TASK PROMPT — Report all lines below with the word "Drum".

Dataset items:
Start of Block

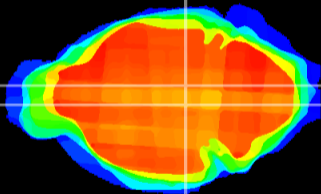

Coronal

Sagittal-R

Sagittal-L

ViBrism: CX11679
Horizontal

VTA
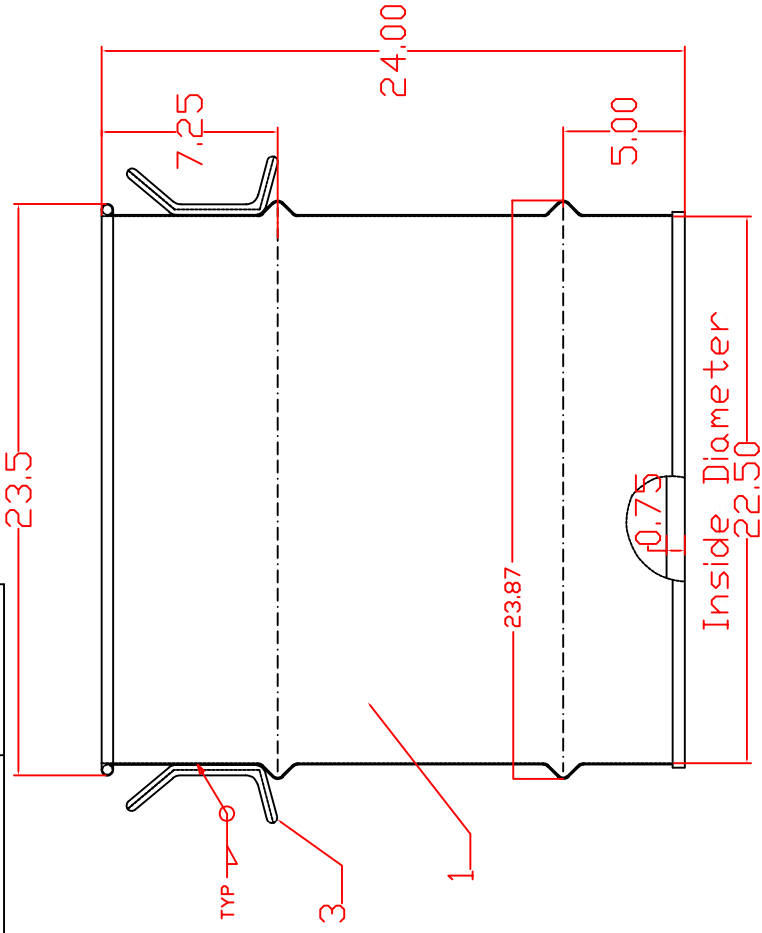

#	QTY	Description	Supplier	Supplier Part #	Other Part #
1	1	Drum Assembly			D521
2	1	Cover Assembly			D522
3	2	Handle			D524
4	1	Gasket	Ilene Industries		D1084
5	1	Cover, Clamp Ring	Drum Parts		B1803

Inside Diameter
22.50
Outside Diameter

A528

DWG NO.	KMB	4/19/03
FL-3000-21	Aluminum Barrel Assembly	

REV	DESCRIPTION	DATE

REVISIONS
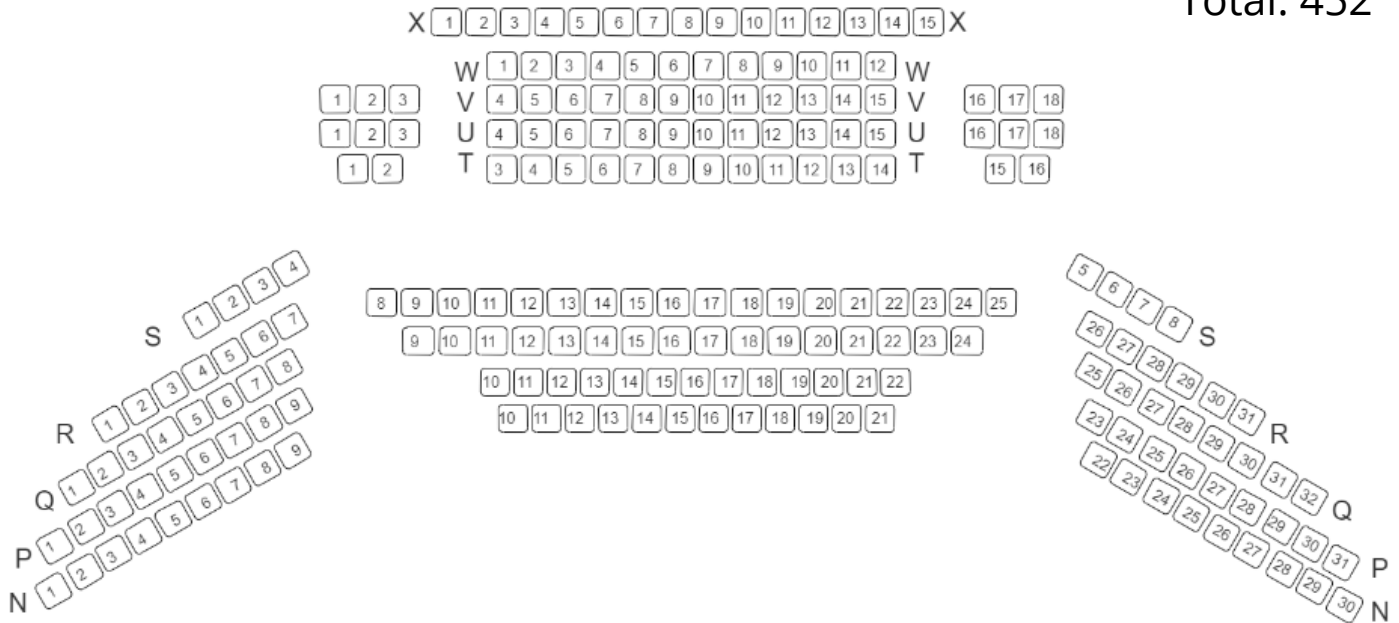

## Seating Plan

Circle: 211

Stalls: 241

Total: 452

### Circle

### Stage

End of Block

WRITTEN ANSWER —
1	1	Drum Assembly			D521
5	1	Cover, Clamp Ring	Drum Parts		B1803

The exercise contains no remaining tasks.